To understand the growing fears around the maintenance of humanitarian trade, Bourse & Bazaar spoke to several senior bankers and government officials in Iran and executives from global trading companies who are key stakeholders in this trade. All requested to remain unnamed given the sensitive subject matter.  

A veteran banker and a board member of a major Iranian private bank described two possible scenarios. "U.S. officials have said they aim to reinstate sanctions that were lifted as a result of the nuclear deal. If we use this as the basis, the interpretation is that private banks that were previously exempt from secondary sanctions and any foreign banks working with them on humanitarian trade will once again be exempt," he said.

But he warned that this time may very well be different given that the US has hardened its rhetoric and promised “maximum pressure” from the sanctions. "Your guess is as good as mine,” he quipped.

He said his bank is currently conducting business as usual but has seen some foreign counterparts take preemptive measures to reduce their transaction volume ahead of the November deadline.

“Some banks are implementing a number of limitations over concerns about what happens next. They are already doing some of the things that will be expected of them once sanctions return on November 5,” he said.

An official at the international department of another major Iranian bank expressed the same feeling of uncertainty, and highlighted concerns  that private sector banks like his will not be spared from secondary sanctions this time around.

“We are already facing issues with imports of some essential goods even before [the November] sanctions snap back,” he said. In his assessment, if the bank becomes subject to secondary sanctions, there is little to nothing Iran’s central bank can do to support them.

While Iranian bankers may feel powerless to prevent the return of secondary sanctions, they are also concerned about risks stemming from an area in which Iranian stakeholders do have control—compliance with the Financial Action Task Force (FATF) action plan, which outlines steps for Iran to improve anti-money laundering and combating financing of terrorism standards.

Iran has until mid-October to demonstrate sufficient progress to the FATF or its already embattled banking system will become more isolated than ever. Time is running out for Iran to pass the required legislation in the face of domestic pushback from local interest groups and persistent lobbying by FATF member states including the US and Israel.

“If we don’t pass the bills related to the FATF, we are effectively sanctioning ourselves,” stated the deputy chairman of one of Iran’s largest private sector banks.
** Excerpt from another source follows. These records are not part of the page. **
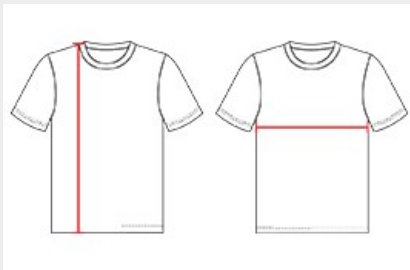

HOW TO MEASURE

These product specifications reference a product's measurements. For sizing information and guidance, please reference our sizing charts.

BODY LENGTH

Measured on the front from the shoulder/neck intersection to the bottom of the garment.

CHEST WIDTH

Measured across the chest, 1" below the armhole seam.
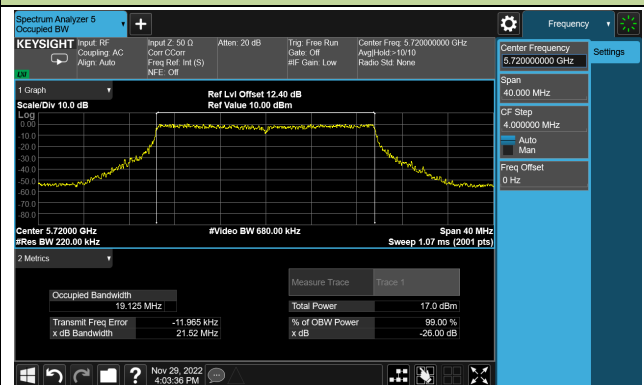

Channel 60 (5300MHz)

Channel 64 (5320MHz)

802.11ax-HE20 26dB & 99% Bandwidth

Channel 100 (5500MHz)

Channel 116 (5580MHz)

Channel 140 (5700MHz)

Channel 144(5720MHz)

Channel 149 (5745MHz)
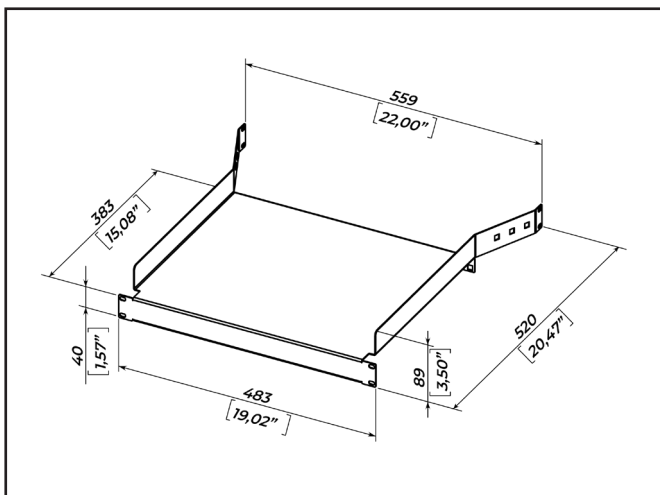

Rack Shelf

RS-1U-600

RS-1U-800

SPECIFICATIONS:	RS-1U-600	RS-1U-800
Functions:	19" Plain Rack Shelves	
Size:	1U	1U
Dimensions:	559 x 520 x 89 mm	559 x 620 x 89 mm
	22,00" x 20,47" x 3,50"	22,00" x 24,41" x 3,50"
Net weight:	2,9 kg	3,6 kg
	6,4 lbs	7,9 lbs
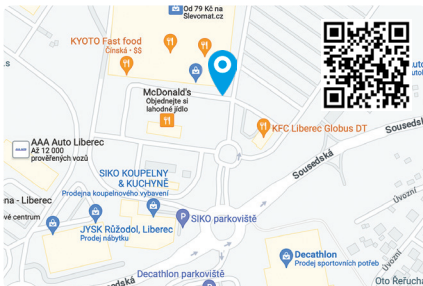

25

Liberec – Shopping centre Géčko  
Liberecky Region

# Liberec

**130 445**

Unique visitors / month

**365 310**

The number of visits / month

Liberecky Region

- Location:** Shopping centre Géčko  
**Address:** Sousedská 599, Liberec  
**Placement:** Outdoor on the roof of the shopping centre  
**Dimensions:** 25,16 m<sup>2</sup> – 614,4 x 410 cm  
**Ratio:** atyp – 1536 x 1024 px  
**Operation time:** 6:00 a.m. – 10:00 p.m. (16 hrs)

GPS coordinates: 50.7754753 N, 15.0289089 E

## Description of Location:

The screen is located at the Géčko shopping centre, which is located in the largest and most visited shopping zone in North Bohemia. In addition to Globus and the shops in NC Géčko, there are many other retailers and companies such as - Decathlon, Sportisimo, Siko, Bauhaus, A3 sport and others. The screen is also visible from the Globus petrol station, as well as the fast food outlets KFC and McDonalds.
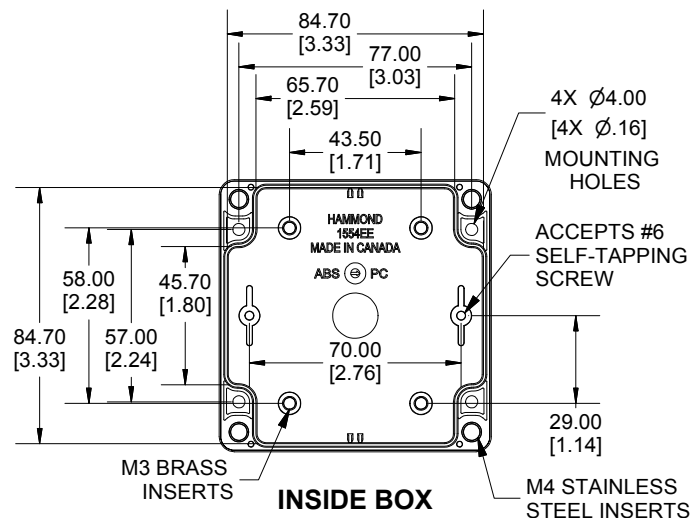

TOP VIEW

**SECTION B-B
SIDE VIEW**

**SECTION A-A
SIDE VIEW**

INSIDE LID

INSIDE BOX

Dimensions:
mm
[inches]

POLYCARBONATE
VERSION ONLY
UL US LISTED
FILE #E65324
NEMA 4, 4X

Enclosures can be Factory Modified (Milling, Drilling, Printing etc.)
Contact Factory mjm@hammondmfg.com for quotes
Solid models of this enclosure available in STEP or IGES.
(Part number and text placement/orientation on our products are subject to change,
we do not recommend using them as a locating reference for modification purposes)

NOTE

Purchased assembly includes box, lid, 4 cover screws, and preformed silicone gasket.
General Purpose ABS version is not UL approved. (Matl UL94 - HB)
Polycarbonate version is UL 508 approved. (Matl UL94 - 5VA @ 3mm)

Recommended Cover screw torque -- 2.5 lbf-in (30 cN-m)

1554EE	
1554EE Regular Enclosure	
General Purpose ABS RAL-7035	1554EEGY
Polycarbonate RAL-7035	1554EE2GY
1554EE Clear / Smoke Lid Enclosure	
Polycarbonate Box / Clear Polycarbonate Lid	1554EE2GYCL
Polycarbonate Box / Smoke Polycarbonate Lid	1554EE2GYSL
ACCESSORIES	
Steel Inner Panels	1554EPL
Steel Panel / P.C. Board Machine Screw [M3 x 8mm Plated]	1591MM100
Steel Panel / P.C. Board Self Tapping Screw [#6 X 1/4" (6.4mm) Plated]	1598ATS100
Cover Screws (Pkg 4) [M4 X 20mm Stainless Steel]	SC1554
Silicone Pre-formed Gasket Black	1554EGASKET

These external and internal threats to routine banking between Europe and Iran could have significant knock-on effects for humanitarian trade.

Speaking on background, an executive at a major multinational commodity company described how even if food sales to Iran remain permitted under US sanctions, the imposition of secondary sanctions on Iran’s private sector banks could make the trade effectively impossible.
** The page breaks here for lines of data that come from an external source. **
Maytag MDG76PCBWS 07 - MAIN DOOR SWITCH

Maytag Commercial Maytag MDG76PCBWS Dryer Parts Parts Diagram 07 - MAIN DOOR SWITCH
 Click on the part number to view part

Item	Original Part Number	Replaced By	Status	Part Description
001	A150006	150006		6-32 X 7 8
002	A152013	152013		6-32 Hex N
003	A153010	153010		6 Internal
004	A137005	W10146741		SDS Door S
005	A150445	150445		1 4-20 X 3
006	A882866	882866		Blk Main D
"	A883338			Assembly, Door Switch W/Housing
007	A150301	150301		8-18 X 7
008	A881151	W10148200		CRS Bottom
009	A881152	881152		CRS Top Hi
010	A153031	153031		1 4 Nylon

The Government Trading Corporation of Iran (GTC), the trading arm of country’s agriculture ministry, confirmed these concerns but insisted that contingency planning is underway.
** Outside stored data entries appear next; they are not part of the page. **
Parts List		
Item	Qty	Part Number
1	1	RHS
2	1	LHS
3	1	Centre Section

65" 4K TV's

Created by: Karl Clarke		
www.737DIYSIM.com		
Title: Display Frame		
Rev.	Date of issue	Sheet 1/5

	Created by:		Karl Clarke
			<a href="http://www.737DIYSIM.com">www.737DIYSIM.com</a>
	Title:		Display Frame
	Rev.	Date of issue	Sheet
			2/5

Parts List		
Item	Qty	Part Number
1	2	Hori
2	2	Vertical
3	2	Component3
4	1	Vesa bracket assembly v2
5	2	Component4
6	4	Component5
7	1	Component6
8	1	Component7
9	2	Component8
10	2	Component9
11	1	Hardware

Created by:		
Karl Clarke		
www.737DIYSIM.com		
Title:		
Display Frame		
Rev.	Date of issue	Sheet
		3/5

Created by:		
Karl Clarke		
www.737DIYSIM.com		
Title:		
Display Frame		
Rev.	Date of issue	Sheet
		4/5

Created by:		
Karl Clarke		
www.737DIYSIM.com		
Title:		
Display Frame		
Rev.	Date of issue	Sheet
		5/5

A senior official involved in foreign trade for GTC said, “We are at the moment implementing measures to ensure that we won’t have problems concerning humanitarian trade.”

The official could not share further details, beyond explaining that any such measures will fall outside the boundaries of the banking system—a likely allusion to the use of barter trade, a method which helped sustain imports in the previous sanctions period.

“We will continue to conduct our business even after November sanctions are in place because we have had the experience of working under sanctions before and the sanctions didn’t stop us,” the official said. “You can be sure that sanctions will only serve to increase costs, not close the way entirely.”

The recent announcement that the European Union would be establishing a special purpose vehicle to facilitate humanitarian trade will offer some encouragement that a significant disruption to food imports can be avoided. But with the sanctions deadline just weeks away, the risks of dangerous supply shocks are rising by the day.